Before shutting down an idea, evaluate it honestly. People can be caught off guard by unexpected recommendations that would require a big change in the team or organization. You may need to check your biases, as we discussed in Chapter Seven. Acknowledge what you like about the idea. Then, ask to set it aside temporarily so you can properly explore its feasibility or merit outside of the meeting. Once you’ve had a chance to sit with the idea for a few days, circle back with the outside partner to discuss it further.

Be conscious of your hat

In Chapter One, we discussed the Proximity Paradox created by execution ceilings, and we advised you to be conscious of whether you’re wearing your innovation hat or execution hat. There are a couple of more names for those hats: outsider’s hat and insider’s hat.

When you’re in a brainstorm with an outside partner, always put on an outsider’s hat (a.k.a., the innovation hat). The brainstorm is not the time to talk about internal approvals and creative constraints. Protect the hour of time you have to think freely and push the bounds of your innovation ceiling. Once you’ve explored as many creative avenues as possible, you can don your insider’s (or execution) hat to evaluate the feasibility of the ideas.

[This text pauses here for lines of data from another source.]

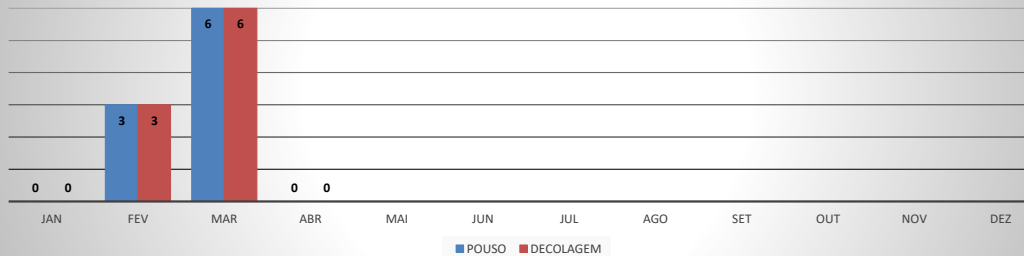

MOVIMENTAÇÃO DE AERONAVES - AVIAÇÃO REGULAR
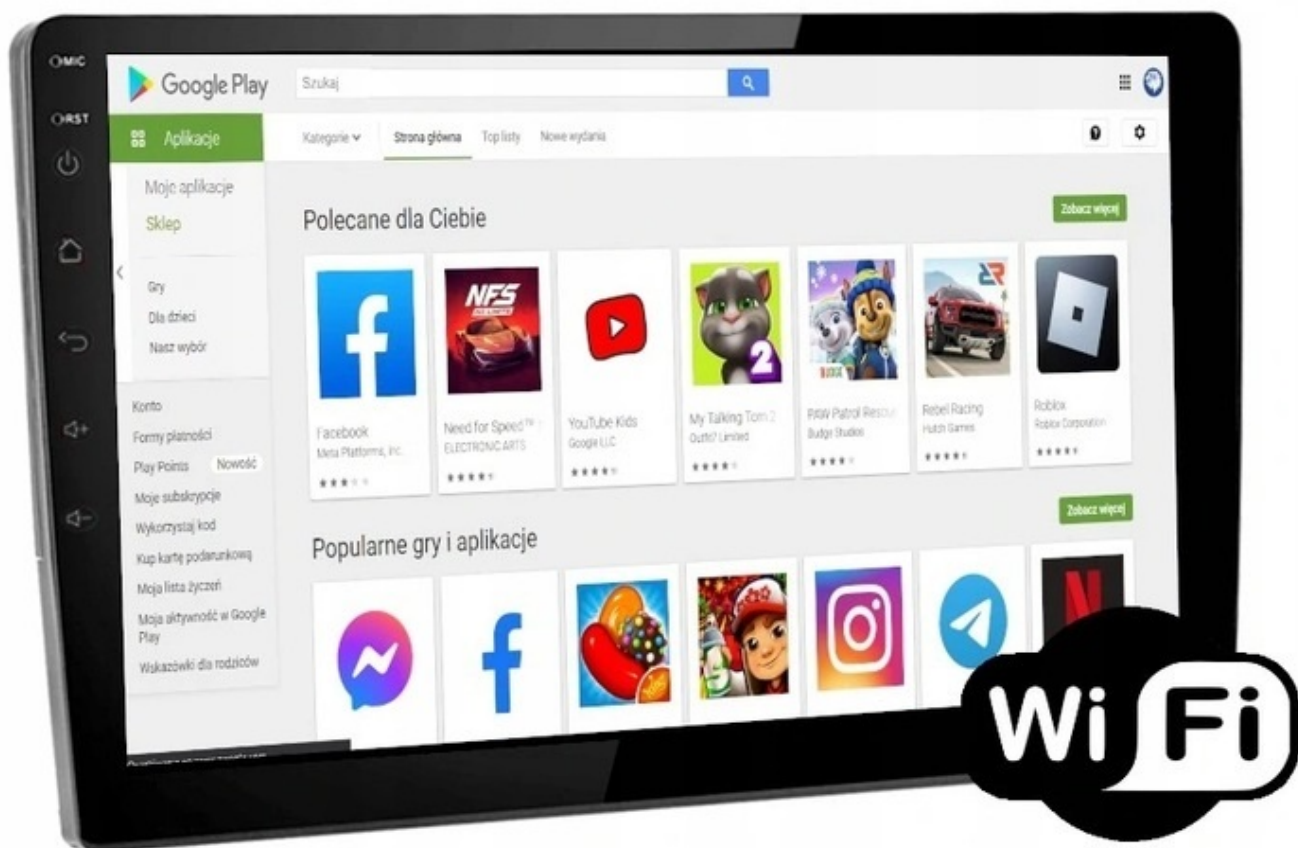

-WBUDOWANE WIFI

- MOŻLIWOŚĆ PRZEGLĄDANIA INTERNETU DZIĘKI WBUDOWANEMU WIFI
- WYSTARCZY UDOSTĘPNIĆ INTERNET Z TELEFONU ABY KORZYSTAĆ Z APLIKACJI INTERNETOWYCH:
- YOUTUBE
- SPOTIFY
- MAPY GOOGLE
- MOZILLA
- YANOSIK

In Chapter Three, we shared the brand and vision champion strategy. Bring this exercise into your next meet with your outside partner. Take turns playing the brand champion and the vision champion. Have the partner act as the brand champion, acting practically, and you act as the vision champion, pushing for better ideas and solutions. Talk it out.

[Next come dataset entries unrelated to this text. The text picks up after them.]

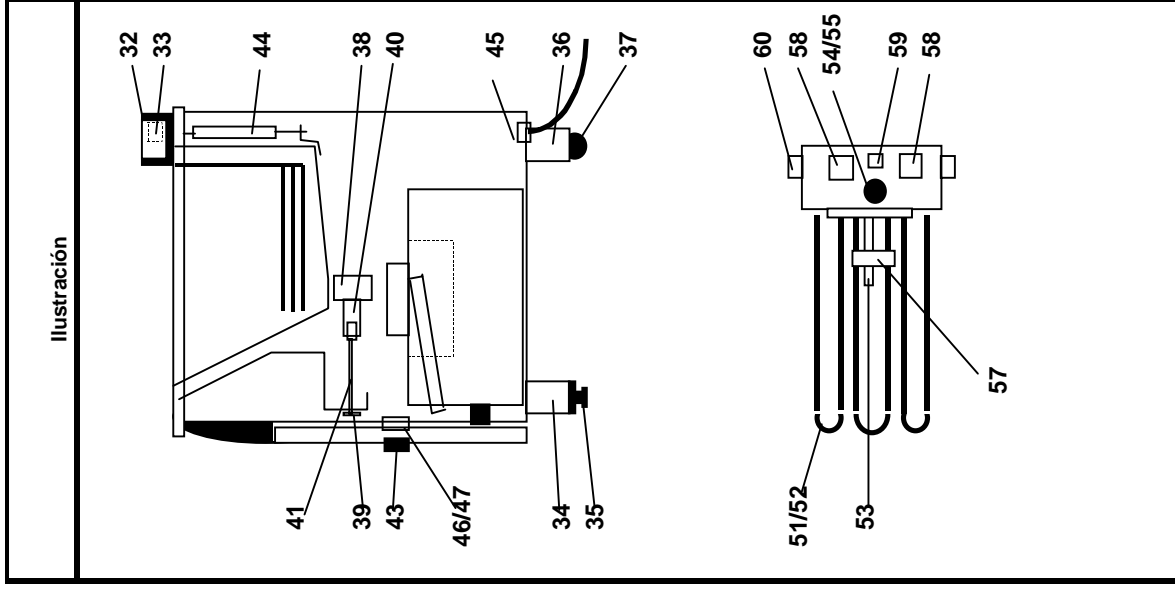

Fecha	Visa	Número de hojas	Indice
5/02/02	JCHH	1 / 4	a

Pos.	Código	Denominación	Cant. De piezas en:				Mini stock	
			FFE21	FFE31	FFE41	FFE42		
Carrocería								
32	5395410	SopORTE	101099	2	2	2	2x2	2
33a	5395405	Detector magnético	hasta 30.09.99	1	1	1	2x1	-
33b		Detector magnético	desde le 01.10.99	1	1	1	2x1	3
34		Conjunto pie delante	600469	2	2	2	2	2
35		Tornillo nivelador para pie delante	400792	2	2	2	2	4
36		Conjunto pie detrás	600470	2	2	2	2	2
37		Rueda para pie detrás	101114	2	2	2	2	4
38		Válvula de vaciado	400935	1	1	1	2x1	2
39		Asa de mando para válv. Vacía.	101147	1	1	1	2x1	1
40	5395395	Alargo para válv. Vacía.	400787	1	1	1	2x1	1
41		Eje para válv. Vacía.	101152	1	1	1	2x1	1
43	5395428	Aro apertura puerta	400805	1	1	1	1	2
44		Muelle de tracción	101103	2	2	2	2x2	4
45		Pasa cable entrada	09532024	1	1	1	2x1	2
46	5395430	Cierre de puerta	401050	1	1	1	1	2
47	5395431	Bulón de cierre	401051	1	1	1	1	2

Caja superior								
51	5395389	Resistencia FFS 21	7.5kW / 230VAC	1	-	2	2x1	2
52	5395388	Resistencia FFS 31	11.25kW/230VAC	-	1	-	-	2
53	5395394	Sonda	600724	1	1	1	2x1	2
54		Prensa-estopa	400848	1	1	1	2x1	3
55		Contra-tuerca	400849	1	1	1	2x1	3
56								
57	5375097	Brida sonda term.ECO/FFS	101090	2	2	2	2x2	10
58		Bornes 8 polos (simple) para resistencias	401019	1	1	1	2x2	4
59		Bornes 8 polos (doble) para resistencias	401020	-	-	-	-	2
60	5395369	Imán	400856	1	1	1	2x1	2
61								
62

Keep the innovation and execution functions separate

One of the primary functions of a consultant is to collaborate with you to solve the challenges facing your team, process, or product. However, an effective consultant takes over the innovation responsibility, so you can focus on the execution responsibility. They should complement — not mirror — what you are doing internally.

For example, the coffee chain Starbucks has an in-house marketing team that handles the execution of all marketing initiatives. They hire an idea agency to generate innovation ideas and strategies. The idea-agency model has gained prevalence in Toronto, Denver, San Diego, New York and other large cities. The high concentration of marketing and advertising professionals means teams must pick a focus area and recruit outside partners to help with tasks that fall outside that focus area.

Keep the teams fresh

The next time your outside partner schedules a meeting to present ideas or solutions, bring a new colleague to the meeting (someone who has not yet met with the outside partner). Get your outside partner to pitch their ideas to the new face in the room. Get your colleague to provide feedback, ask questions, and analyze the ideas presented. If you can, just sit back and watch — see if you can pick up any limitations either team is placing on the other.

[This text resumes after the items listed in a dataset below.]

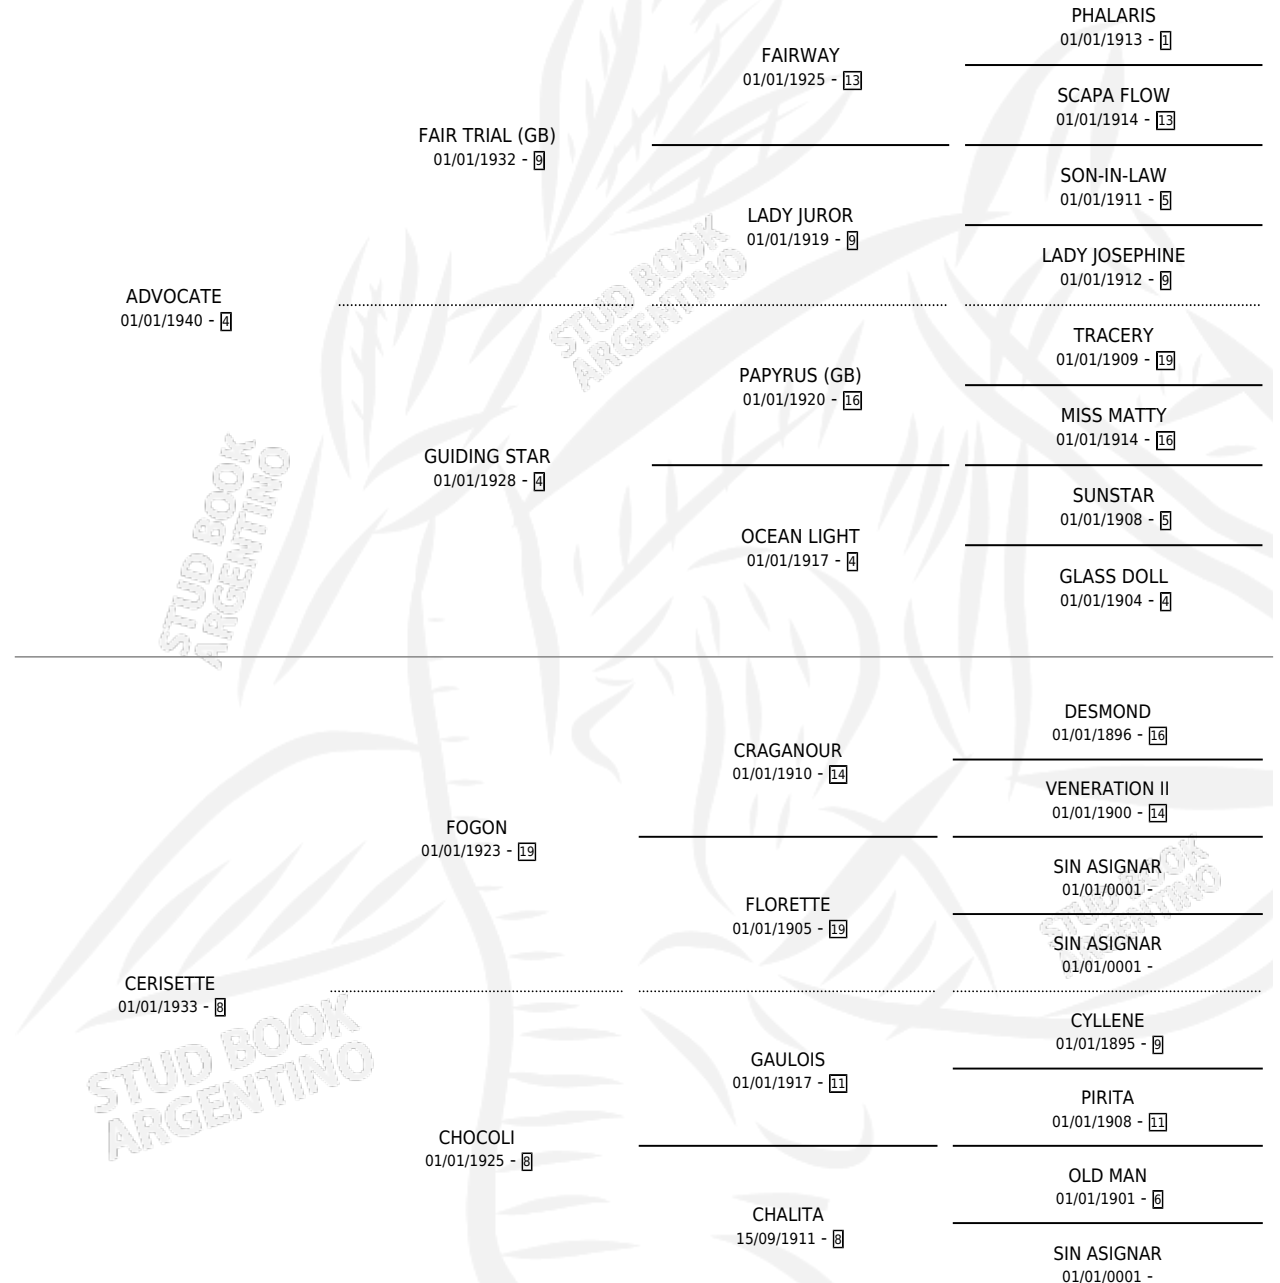

CHERRY BLOSSOM

por **ADVOCATE** y **CERISSETTE** por **FOGON**

Argentina · Hembra · Alazan Tostado · · 01/01/1947
Familia 8-j · Volumen 19

ESTADO

TIPIFICACIÓN SANGUÍNEA	X
TIPIFICACIÓN POR ADN	X
PASAPORTE	X
IDENTIFICACIÓN POR MICROCHIP	X
REPRODUCTOR	X

Lugar de nacimiento: Campo particular

Criador: Sin dato

~

HIJOS

	MACHOS	HEMBRAS
4 NACIERON	2	2
1 CORRIERON	0	1
1 GANARON	0	1
0 GANADORES CL	0 GANADORES GR	0 GANADORES G1

PEDIGREE

CHERRY BLOSSOM

Datos oficiales del Stud Book Argentino
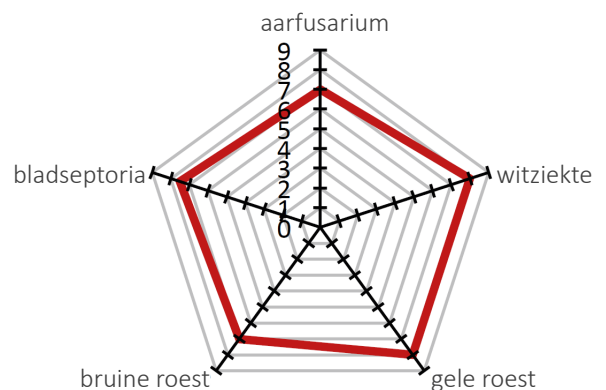

ZIEKTETOLERANTIE

Opbrengst | Gezond | Tarwe na tarwe
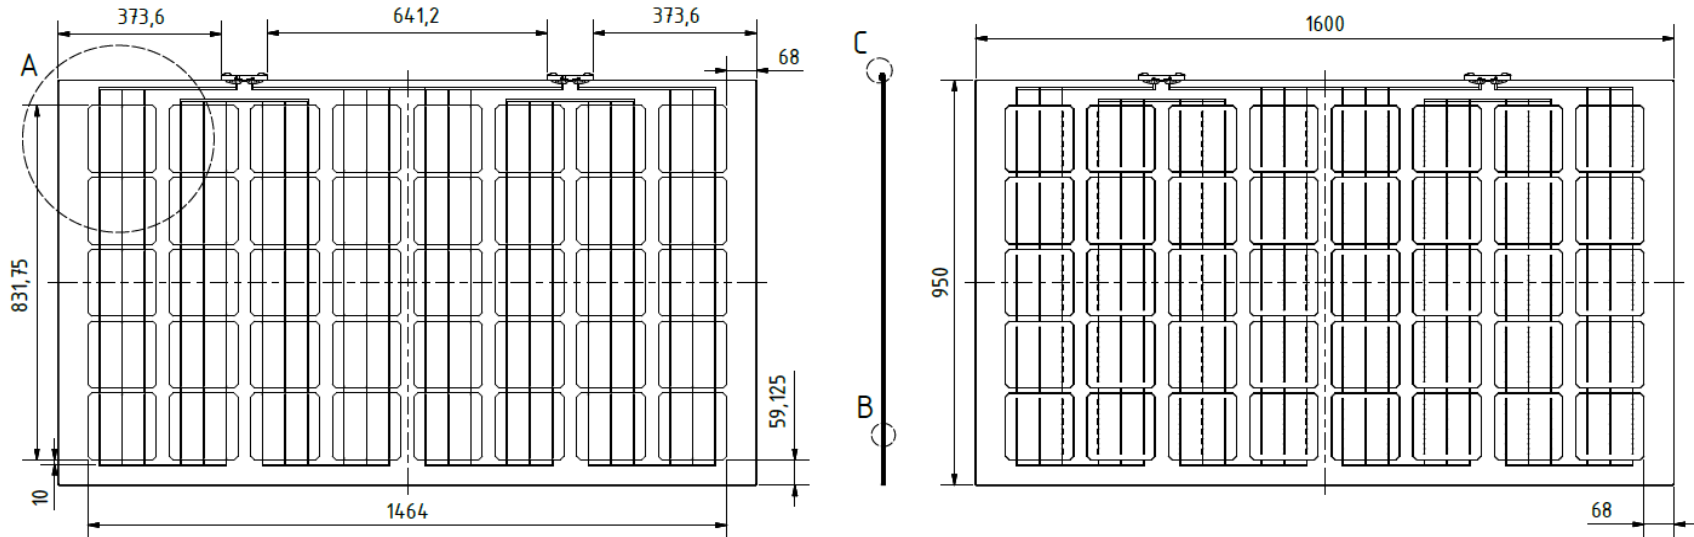

aleo

ELEGANTE
FÜR CARPORTS & VERANDAS

ELEGANTE 950 x 1600 x 9 mm

ELEGANTE DESIGN

Modulmaßen 950 x 1600; 4.0+4.0mm TVG Glas

Verbundsicherheitsglas
9mm Stärke
DIBt Zertifizierung (abZ)
40 HE Mono Zellen
190W Moduleistung
Transparenz 35% bzw. 28%
2 seitliche Anschlussdosen
31,5 kg Gewicht

HOLZ CARPORT/ VERANDA – SCHEMA DER REALISIERUNG

UNTERKONSTRUKTION

PHOTOVOLTAISCHES DACH

+

=

BEFESTIGUNGSSYSTEM

Deckprofil

versteckte Anschlussdose

Versteckte Verkabelung an der langen Seite

Sparren

PHOTOVOLTAISCHES DACH

RASTERMAßE

Benötigte Abmessungen:

- Sparrenbreite: 100 mm
- Abstand Sparrenmitte: 1000 mm
- => lichte Breite: 900 mm

BEISPIEL FÜR DIE ABDICHTUNG DER QUERKANTEN

Quarterly “pitch me” sessions

Every quarter, ask your outside partners to pitch you one wild-ass idea just for the sake of pitching the idea. It doesn’t need to be well researched or fully fleshed out; it simply needs to challenge the way you currently operate. The more “out there” the better. Make sure you caveat the request by letting your partner know that there is no pressure to produce a workable idea — you just want to see what they are capable of coming up with.

The ultimate goal of this exercise is to kill any assumptions your partner has around your openness to unconventional ideas. Be conscious of how you respond to their ideas. Make sure your outside partner knows the pitch me session is a safe space for creative risk-taking.

It’s important to note that these exercises cannot fix all struggling partnerships. You have to be honest with yourself about what your outside partner is producing. Some consultants or agency partners are great at execution and some are great at ideation. It is harder to find a gem who can juggle both responsibilities and do it well. You may be better served by working with a couple of different partners who have perfected their respective processes.